Blue line: Grad-CAM, Red line: HiResCAM
- HAAS score
The HAAS score is free of hyper-parameters. We note that when HAAS is greater than 1, the attribution maps explain the features' importance well. On the other hand, if HAAS is less than 1, the attribution maps fail to bring out the features' importance for the model.
- AOPC and Max Sensitivity
We observe that AOPC favors HiResCAM over Grad-CAM in 7/8 model experiments and Max Sensitivity in 8/8 model experiments. We discuss their results together since the analysis is rooted in the same reasoning.
A notable distinction between HiResCAM and Grad-CAM lies in the treatment of gradients. Grad-CAM calculates Gradient Averages to assign weights to the feature maps. On the other hand, HiResCAM uses the Hadamard product to weight each feature map pixel with its corresponding gradient, preserving in that way the gradient's value-and-sign influence on a pixel level. Consequently, as explained in [3], HiResCAM generates fine-grained high resolution attribution maps, while Grad-CAM produces maps characterized by larger and smoother areas of interest because of the Gradient Averaging effect. This becomes evident in the following examples.
Thus, the HiResCAM attribution maps provide more precise localization of the most discriminative regions, leading eventually to higher AOPC scores. Similarly, considering the Max-Sensitivity results, the high resolution HiResCAM maps develop a resilient behaviour to small perturbations in the input image.
- HAAS
In 15/16 cases we calculated a HAAS score below 1, implying that almost all attribution maps cannot capture the models' viewpoints.
Are these results related to the nature of medical images?
In [6], HAAS was tested on datasets whose classes are determined by single objects and are not sensitive to subtle colour variations (Cifar10, STL10, ImageNet). On the other hand, medical images are more complex; the classes could have many attention areas and a stronger colour dependency.
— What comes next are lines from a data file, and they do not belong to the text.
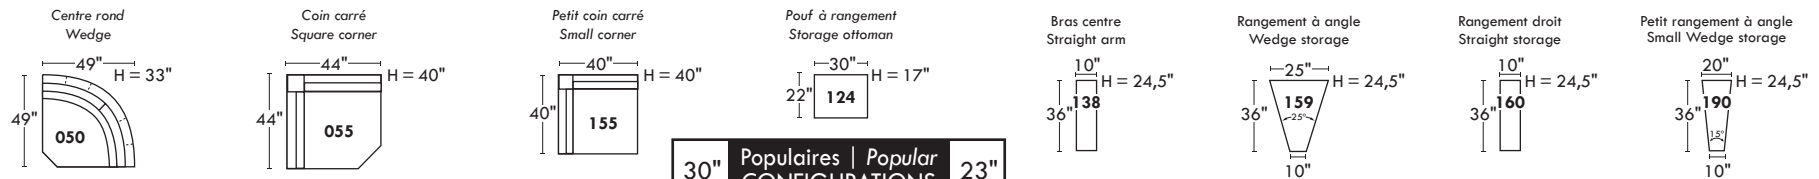

MELBOURNE

OPTIMA

Siège 30" de large | 30" Seat Width

Siège 23" de large | 23" Seat Width

Spécifications | Specifications

- Appui-tête levé / Headrest up
- Appui-tête baissé / Headrest down
- Complètement incliné / Fully reclined
- (A) Hauteur complète 40" / Total Height
- (B) Hauteur appui-tête baissé 33" / Height headrest down
- (C) Hauteur du bras 24,5" / Arm Height
- (D) Hauteur du siège 19,5" / Seat height
- (E) Profondeur inclinée 65" / Depth fully reclined
- (F) Profondeur d'assise 20" ou/ou 22" / Seat depth
- (G) Profondeur appui-tête monté 36" / Depth with headrest up

Fauteuil berçant, pivotant et inclinable | Swivel rocking motion chair

N'est pas un mécanisme protège-mur
Dégagement mural: 16"

Not a wall hugger mechanism
Wall clearance: 16"

Autres | Others

30" Populaires | Popular CONFIGURATIONS 23"

In the context of the positive Grad-CAM and HiResCAM attributions, we are interested in investigating if emphasizing the image pixels' intensity could potentially prevent the model from locating a learned pattern.
We conduct the following experiment to further explore the relationship between HAAS and the medical data of this study: For Cifar10, STL10 and Imagenette we train a loop of 16 VGG19 models, configured over a variety of training batch size, learning rate, scheduler and weight decay (see in the text for more details), in order to track the HiResCAM HAAS scores range. The maximum and minimum HAAS values are reported in the following table, accompanied with the respective mean AUC score of the model.
Per dataset, the pool of models yields maximum HAAS score above 1 for a highly performing model and minimum HAAS score slightly below 1 for a well performing model. Hence, it was possible to derive meaningful HAAS scores when utilizing the non-medical datasets and models that were not optimally trained. This stands in contrast with the medical data experimets of section 4 which were built on models that underwent meticulous training and suggests evidence that HAAS might be more sensitive to medical data.